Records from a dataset
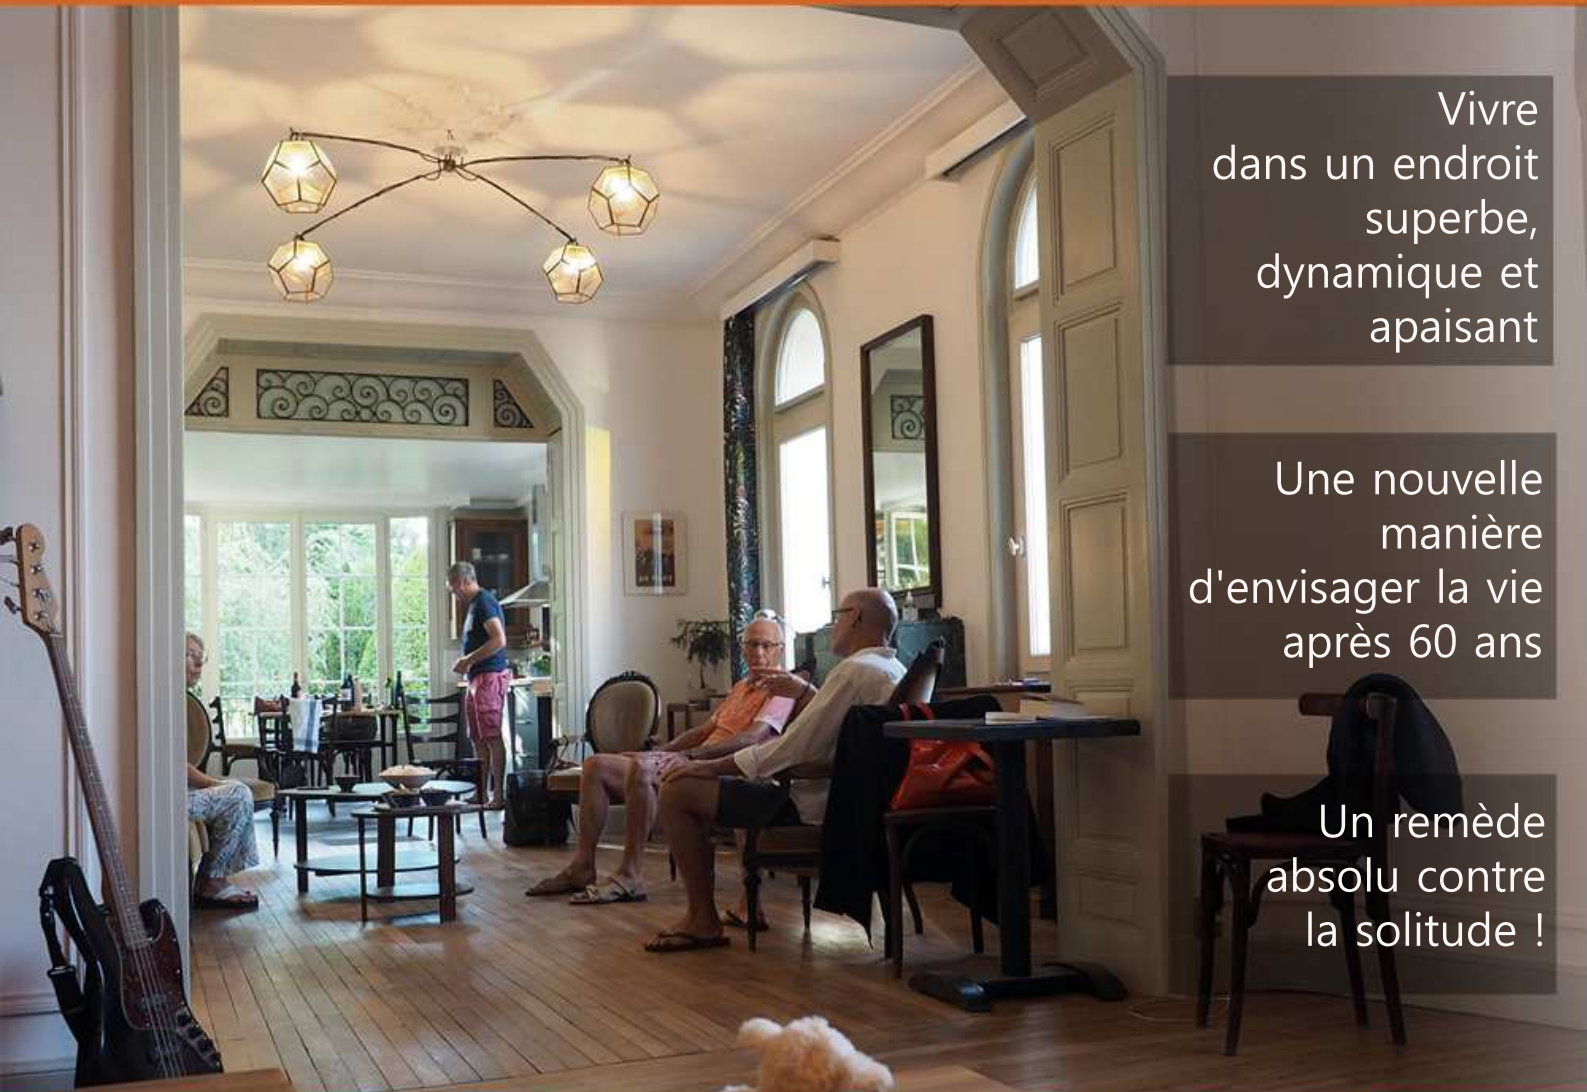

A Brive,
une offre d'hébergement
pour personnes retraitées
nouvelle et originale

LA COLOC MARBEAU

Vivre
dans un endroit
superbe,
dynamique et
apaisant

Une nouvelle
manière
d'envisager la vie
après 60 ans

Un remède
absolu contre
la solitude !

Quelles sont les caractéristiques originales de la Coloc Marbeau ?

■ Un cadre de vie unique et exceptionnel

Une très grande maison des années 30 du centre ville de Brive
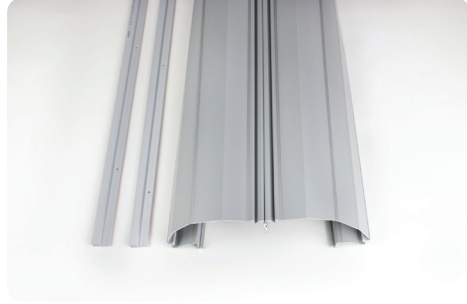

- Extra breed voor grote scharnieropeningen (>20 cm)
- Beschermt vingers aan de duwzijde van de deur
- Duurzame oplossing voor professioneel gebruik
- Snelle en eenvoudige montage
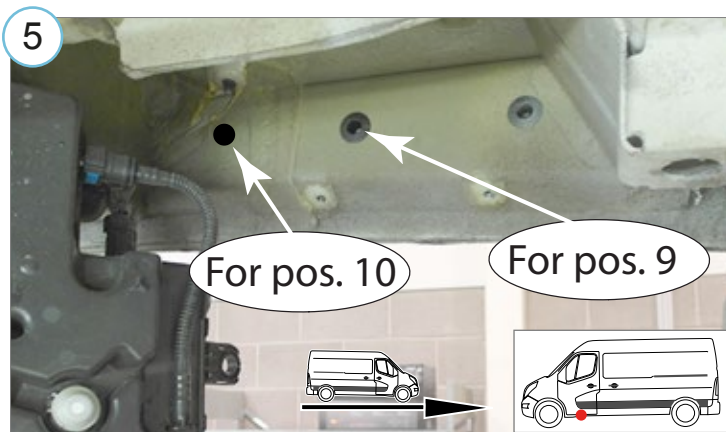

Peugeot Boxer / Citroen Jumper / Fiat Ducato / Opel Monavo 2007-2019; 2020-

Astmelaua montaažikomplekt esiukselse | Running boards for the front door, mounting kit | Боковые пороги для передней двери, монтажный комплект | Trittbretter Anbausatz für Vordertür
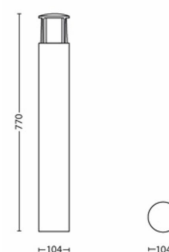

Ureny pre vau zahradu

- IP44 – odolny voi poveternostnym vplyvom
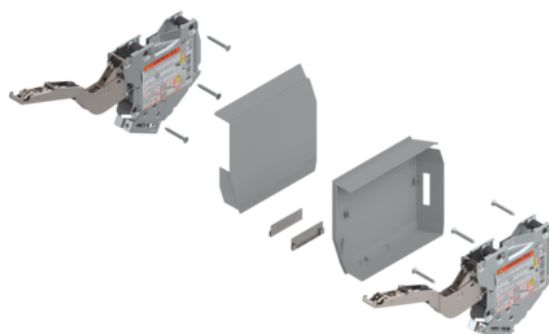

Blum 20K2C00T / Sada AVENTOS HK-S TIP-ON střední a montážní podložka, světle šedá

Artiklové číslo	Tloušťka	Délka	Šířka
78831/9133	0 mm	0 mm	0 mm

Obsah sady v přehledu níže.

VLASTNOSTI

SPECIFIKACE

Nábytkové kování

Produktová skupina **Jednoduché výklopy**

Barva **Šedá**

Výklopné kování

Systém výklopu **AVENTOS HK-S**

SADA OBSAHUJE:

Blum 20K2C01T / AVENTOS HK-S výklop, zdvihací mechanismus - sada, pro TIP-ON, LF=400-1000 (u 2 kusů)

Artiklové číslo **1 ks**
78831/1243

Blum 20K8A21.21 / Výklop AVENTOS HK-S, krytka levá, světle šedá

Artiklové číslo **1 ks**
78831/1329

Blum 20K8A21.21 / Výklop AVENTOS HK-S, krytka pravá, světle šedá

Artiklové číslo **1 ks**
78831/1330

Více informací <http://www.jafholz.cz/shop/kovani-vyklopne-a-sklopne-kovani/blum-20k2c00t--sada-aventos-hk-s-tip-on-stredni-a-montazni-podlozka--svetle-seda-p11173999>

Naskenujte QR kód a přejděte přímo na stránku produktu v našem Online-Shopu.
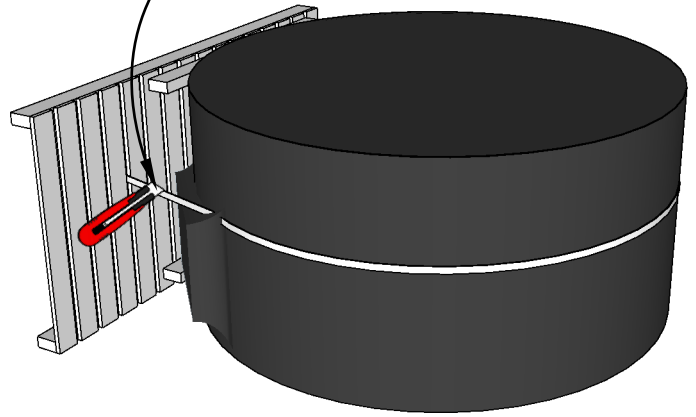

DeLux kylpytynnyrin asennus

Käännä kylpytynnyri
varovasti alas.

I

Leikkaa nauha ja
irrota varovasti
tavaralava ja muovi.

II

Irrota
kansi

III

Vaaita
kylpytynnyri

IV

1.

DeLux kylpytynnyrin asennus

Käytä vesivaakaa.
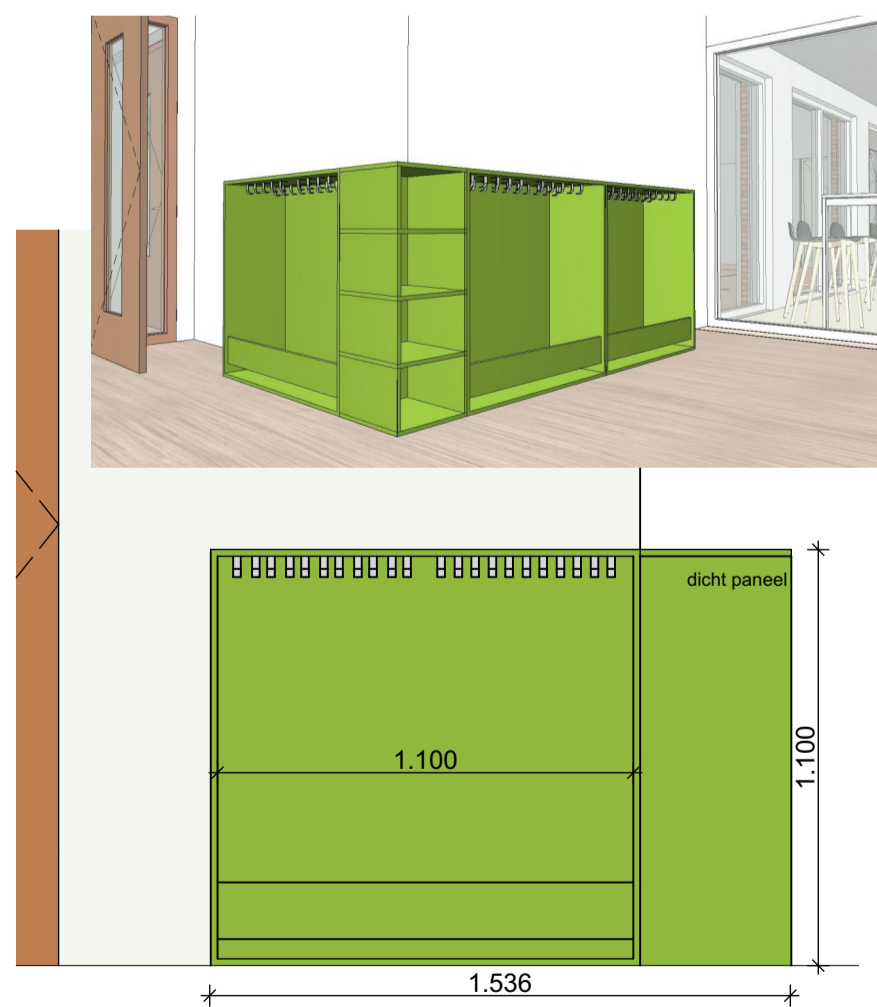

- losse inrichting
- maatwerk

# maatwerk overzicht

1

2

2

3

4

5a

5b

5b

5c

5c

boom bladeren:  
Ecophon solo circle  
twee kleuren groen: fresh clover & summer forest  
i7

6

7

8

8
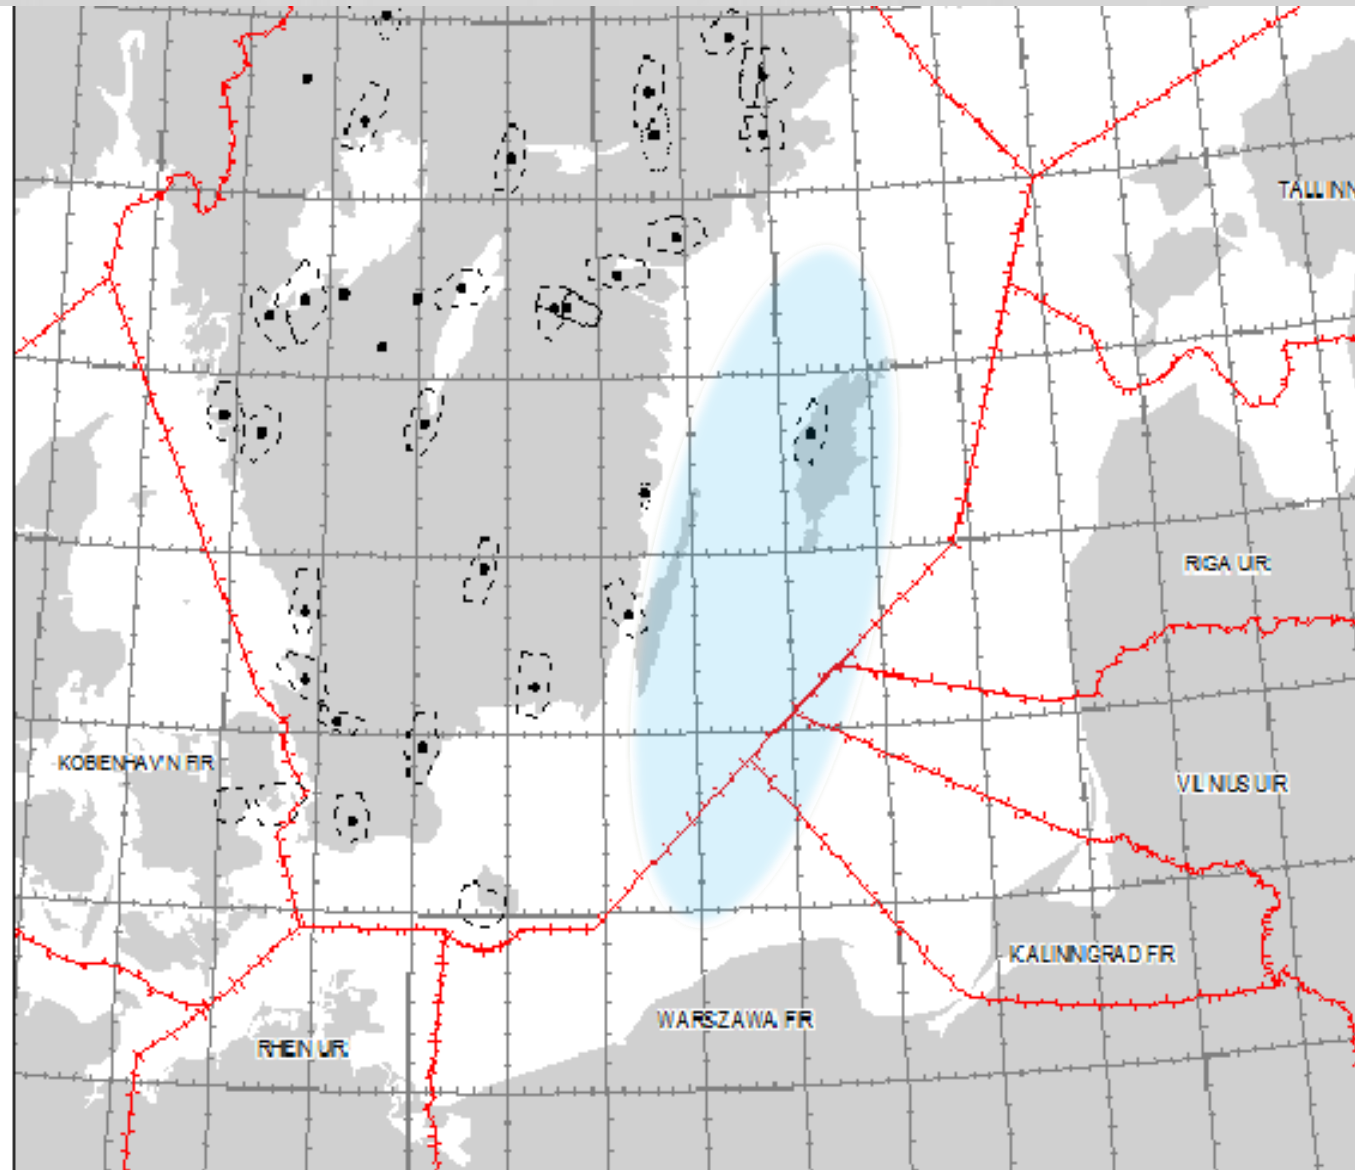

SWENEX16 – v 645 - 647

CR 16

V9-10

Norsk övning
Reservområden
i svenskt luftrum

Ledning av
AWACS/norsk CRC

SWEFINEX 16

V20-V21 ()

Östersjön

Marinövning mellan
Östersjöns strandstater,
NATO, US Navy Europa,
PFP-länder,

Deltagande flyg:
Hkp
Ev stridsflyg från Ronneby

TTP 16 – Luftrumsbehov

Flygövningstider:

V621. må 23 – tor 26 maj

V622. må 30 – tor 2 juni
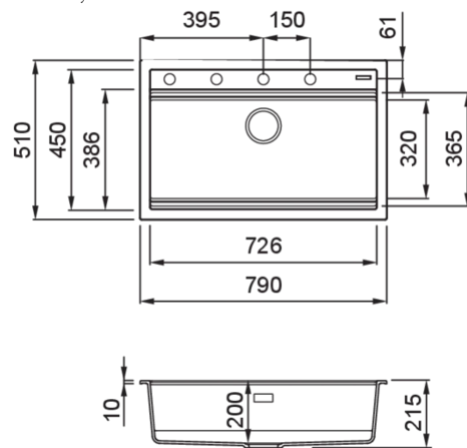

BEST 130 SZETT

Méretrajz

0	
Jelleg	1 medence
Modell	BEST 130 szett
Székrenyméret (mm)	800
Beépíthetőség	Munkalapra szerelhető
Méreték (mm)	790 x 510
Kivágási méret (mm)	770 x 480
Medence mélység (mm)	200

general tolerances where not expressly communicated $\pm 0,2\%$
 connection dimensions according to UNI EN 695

◆ **Work order**:
Going through the lines above one by one, tally those with the word "krytka" and give only the total.

◆ **Worked solution**:
2